##### MATERIAL FOR THIS TASK #####
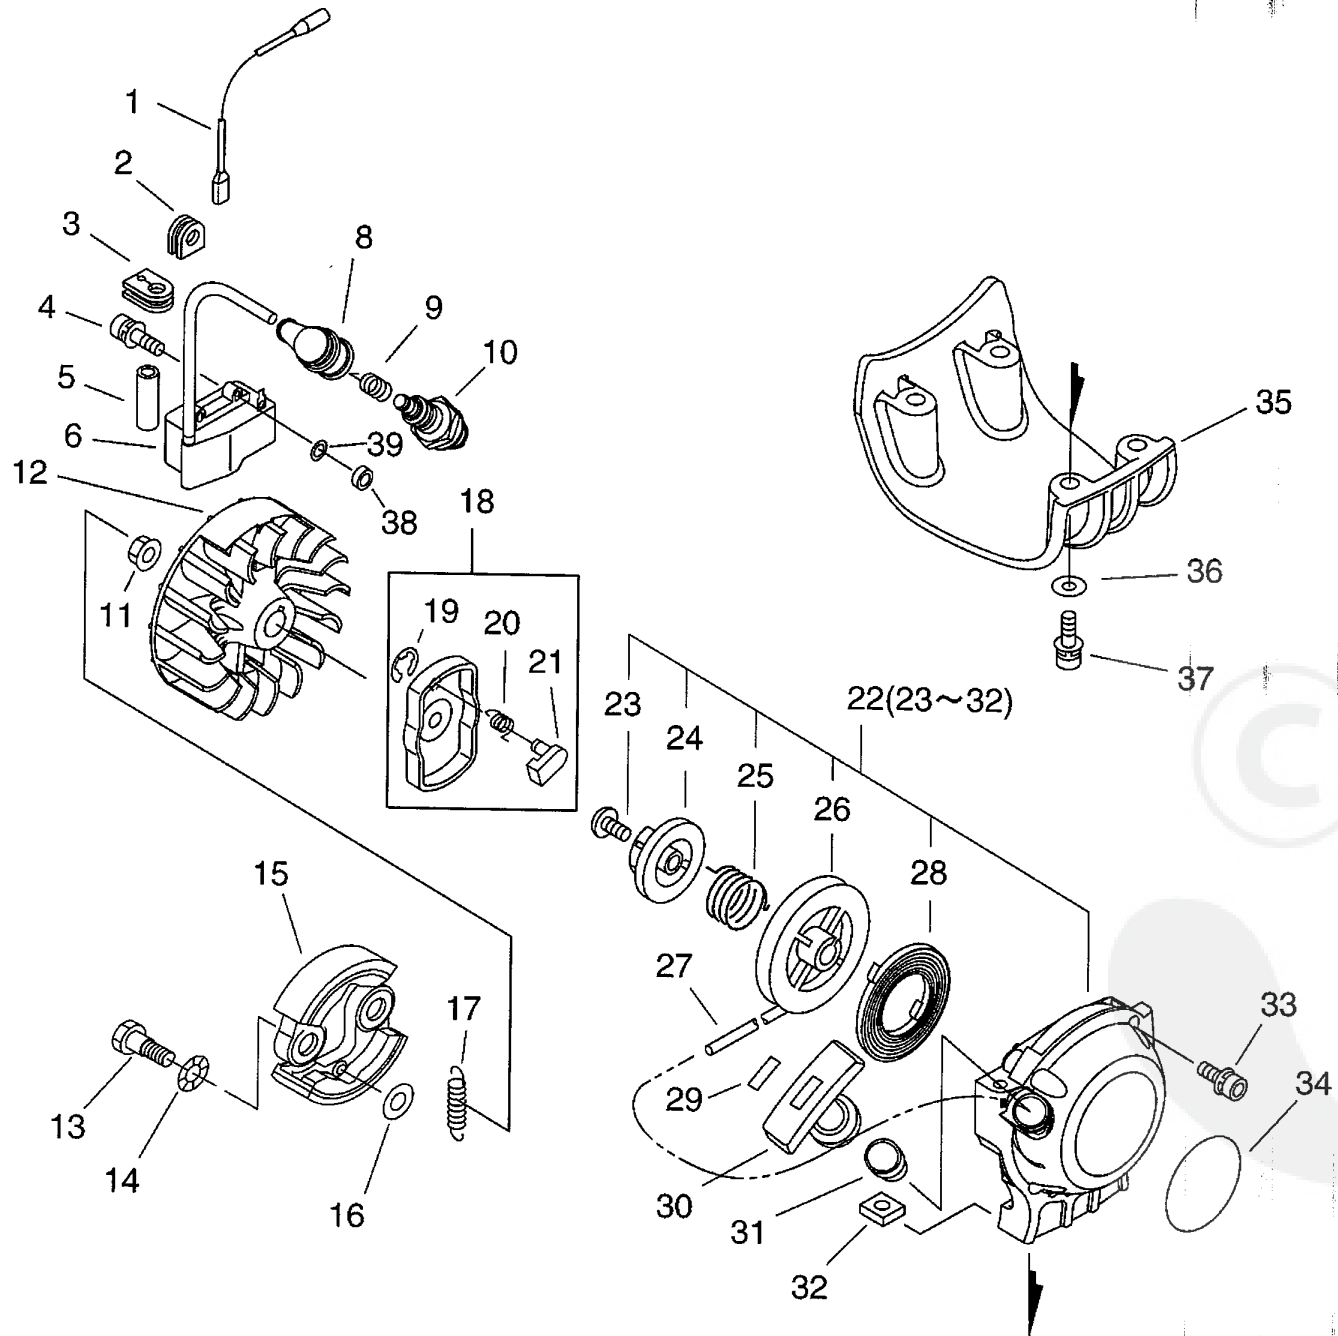

# Parts List

Group:Pro Attachment Series Model: PAS-265ES(37) Section:Cylinder, Crankcase, Piston, Fan Cover( 1)

Key	Lv	Part Number	Q'ty	Description	Remarks	Note
1		900256-05016	1	SCREW, TAPPING		
2		A162-000100	1	GUARD, TOP		
3		X505-002310	1	LABEL, CAUTION		
4		A160-000780	1	COVER, CYLINDER		
5		X547-000880	1	LABEL, ECHO		
6		91141-05012	1	BOLT		
7		A162-000080	1	GUARD, TOP		
8		900106-05014	1	BOLT, H.S. 5*14		
9		900106-05008	2	BOLT, H.S. 5* 8		
10		A160-000691	1	COVER, CYLINDER		
11		A130-000761	1	CYLINDER		
12		900162-05025	4	BOLT, H.S. 5*25		
13		V100-000210	1	GASKET, CYL		
14		P021-009771	1	PISTON KIT		
15	+	A101-000170	1	RING, PISTON		
16	+	100015-03931	2	CIRCLIP, PISTON PIN		
17	+	100013-35430	1	PIN, PISTON		
18	+	100014-53630	2	SPACER, PISTON PIN		
19	+	100012-16131	1	BEARING, NEEDLE		
20		A011-000434	1	CRANKSHAFT, ASY		
21		P021-010801	1	CRANKCASE KIT		
22	+	100212-42031	1	OILSEAL		
23	+	100215-03930	2	PIN, DOWEL		
24	+	94035-36201	2	BEARING BALL		
25	+	100242-42030	1	GASKET, CRANKCASE		
26	+	900162-05028	3	BOLT, H.S. 5*28		
27	+	V505-000050	1	SEAL, OIL 12		
28		156635-43130	1	LEAD, GROUND		

# Parts List

Group:Pro Attachment Series Model: PAS-265ES(37) Section:Cylinder, Crankcase, Piston, Fan Cover( 1)

Key	Lv	Part Number	Q'ty	Description	Remarks	Note
29		A127-000160	1	COVER,DUST		
30		159116-21231	1	CLAMP		
31		900162-05016	1	BOLT, H.S. 5*16		
32		P021-009790	1	COVER ASY, FAN		
33	+	A556-000390	1	DRUM, CLUTCH		
34	+	900702-00028	1	CIRCLIP 28		
35	+	900807-06001	2	BEARING, BALL 6001		
36	+	900701-00012	1	CIRCLIP 12		
37	+	V622-000020	2	PIN,STRAIGHT 4		
38		900163-04016	4	BOLT HSH		
39		V491-000180	1	CLIP		
40		P021-009380	1	FIXTURE,MAIN PIPE		
41	+	V420-001081	1	CUSHION		
42		900162-05025	2	BOLT, H.S. 5*25		
43		900105-05012	1	BOLT, H.S. 5*12		
44		100142-12330	1	KEY, WOODRUFF		
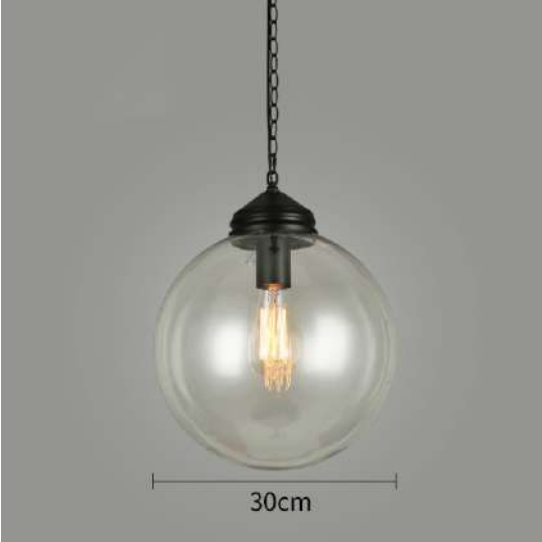

style heads
28CM-银色

22cm

15cm

22cm

15cm

CREATIVE LIGHTING

COZY HOME

The heart of the intake that is soft light, such as reflection, is clear and bright. The heart of the intake that is light, such as reflection, is clear and bright. The heart of the intake that is light, such as reflection, is clear and bright.
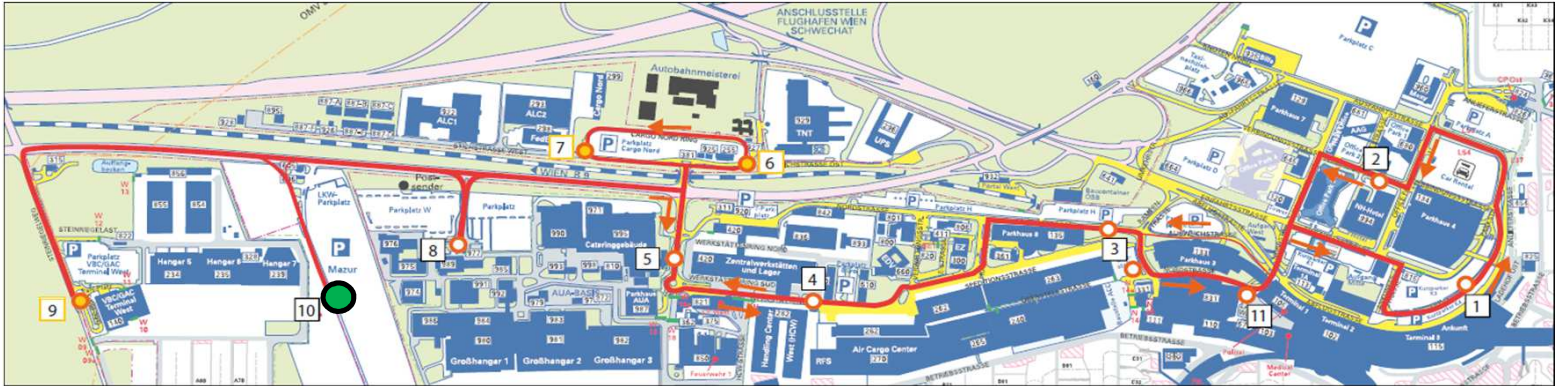

10 Mazur Parkplatz

⇒ Ankunft, Terminal 3 (Zugang)

Journey time in min.

Monday - Sunday (Day Operation)

5	-	-	50
6	05	20	35 50
7	05	20	35 50
8	05	20	35 50
9	-	20	- 50
10	-	20	- 50
11	-	20	- 50
12	-	20	- 50
13	-	20	- 50
14	-	20	35 50
15	05	20	35 50
16	05	20	- 50
17	-	20	- 50
18	-	20	- 50
19	-	20	- 50
20	-	20	- 50
21	-	20	- 50
22	-	20	- 50
23	-	20	- 50

Monday - Sunday (Night Operation) *

0	05	25	45
1	05	25	45
2	05	25	45
3	05	25	45
4	05	25	45
5	05	25	-

BUS STOP ON DEMAND: To get off the bus please inform the driver. To enter the bus please call the mobile number announced on-site. (~ 5 min. earlier than schedule)

* NIGHT OPERATION Direct connection between Ankunft (1) – Mazur Parkplatz (10) – Ankunft (1) => Access to all Terminals via Ankunft

You are here
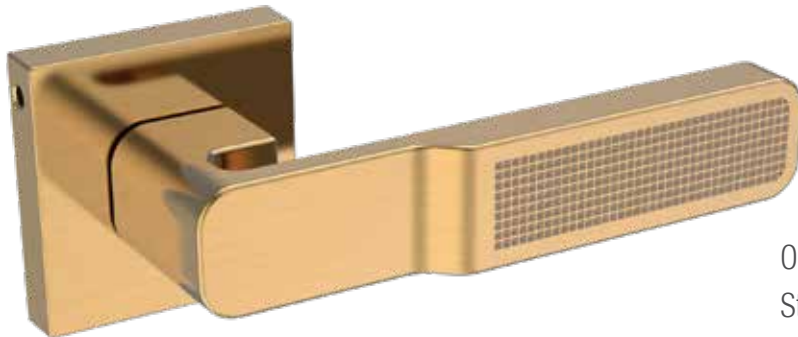

ORSO | Sunset Rose Gold | 4087

Std Pack : 2

MRP : 4510.00 INR

UNSPSC Code : 46171598SD01442
#####
TASK STATEMENT ▸
Verbatim repetition of the entries is required, excluding any pictures.

RESULT FOR THIS EXERCISE ▸
# Parts List

Group:Pro Attachment Series Model: PAS-265ES(37) Section:Cylinder, Crankcase, Piston, Fan Cover( 1)

Key	Lv	Part Number	Q'ty	Description	Remarks	Note
1		900256-05016	1	SCREW, TAPPING		
2		A162-000100	1	GUARD, TOP		
3		X505-002310	1	LABEL, CAUTION		
4		A160-000780	1	COVER, CYLINDER		
5		X547-000880	1	LABEL, ECHO		
6		91141-05012	1	BOLT		
7		A162-000080	1	GUARD, TOP		
8		900106-05014	1	BOLT, H.S. 5*14		
9		900106-05008	2	BOLT, H.S. 5* 8		
10		A160-000691	1	COVER, CYLINDER		
11		A130-000761	1	CYLINDER		
12		900162-05025	4	BOLT, H.S. 5*25		
13		V100-000210	1	GASKET, CYL		
14		P021-009771	1	PISTON KIT		
15	+	A101-000170	1	RING, PISTON		
16	+	100015-03931	2	CIRCLIP, PISTON PIN		
17	+	100013-35430	1	PIN, PISTON		
18	+	100014-53630	2	SPACER, PISTON PIN		
19	+	100012-16131	1	BEARING, NEEDLE		
20		A011-000434	1	CRANKSHAFT, ASY		
21		P021-010801	1	CRANKCASE KIT		
22	+	100212-42031	1	OILSEAL		
23	+	100215-03930	2	PIN, DOWEL		
24	+	94035-36201	2	BEARING BALL		
25	+	100242-42030	1	GASKET, CRANKCASE		
26	+	900162-05028	3	BOLT, H.S. 5*28		
27	+	V505-000050	1	SEAL, OIL 12		
28		156635-43130	1	LEAD, GROUND		

# Parts List

Group:Pro Attachment Series Model: PAS-265ES(37) Section:Cylinder, Crankcase, Piston, Fan Cover( 1)

Key	Lv	Part Number	Q'ty	Description	Remarks	Note
29		A127-000160	1	COVER,DUST		
30		159116-21231	1	CLAMP		
31		900162-05016	1	BOLT, H.S. 5*16		
32		P021-009790	1	COVER ASY, FAN		
33	+	A556-000390	1	DRUM, CLUTCH		
34	+	900702-00028	1	CIRCLIP 28		
35	+	900807-06001	2	BEARING, BALL 6001		
36	+	900701-00012	1	CIRCLIP 12		
37	+	V622-000020	2	PIN,STRAIGHT 4		
38		900163-04016	4	BOLT HSH		
39		V491-000180	1	CLIP		
40		P021-009380	1	FIXTURE,MAIN PIPE		
41	+	V420-001081	1	CUSHION		
42		900162-05025	2	BOLT, H.S. 5*25		
43		900105-05012	1	BOLT, H.S. 5*12		
44		100142-12330	1	KEY, WOODRUFF		

style heads
28CM-银色

22cm

15cm

22cm

15cm

CREATIVE LIGHTING

COZY HOME

The heart of the intake that is soft light, such as reflection, is clear and bright. The heart of the intake that is light, such as reflection, is clear and bright. The heart of the intake that is light, such as reflection, is clear and bright.

10 Mazur Parkplatz

⇒ Ankunft, Terminal 3 (Zugang)

Journey time in min.

Monday - Sunday (Day Operation)

5	-	-	50
6	05	20	35 50
7	05	20	35 50
8	05	20	35 50
9	-	20	- 50
10	-	20	- 50
11	-	20	- 50
12	-	20	- 50
13	-	20	- 50
14	-	20	35 50
15	05	20	35 50
16	05	20	- 50
17	-	20	- 50
18	-	20	- 50
19	-	20	- 50
20	-	20	- 50
21	-	20	- 50
22	-	20	- 50
23	-	20	- 50

Monday - Sunday (Night Operation) *

0	05	25	45
1	05	25	45
2	05	25	45
3	05	25	45
4	05	25	45
5	05	25	-

BUS STOP ON DEMAND: To get off the bus please inform the driver. To enter the bus please call the mobile number announced on-site. (~ 5 min. earlier than schedule)

* NIGHT OPERATION Direct connection between Ankunft (1) – Mazur Parkplatz (10) – Ankunft (1) => Access to all Terminals via Ankunft

You are here

ORSO | Sunset Rose Gold | 4087

Std Pack : 2

MRP : 4510.00 INR

UNSPSC Code : 46171598SD01442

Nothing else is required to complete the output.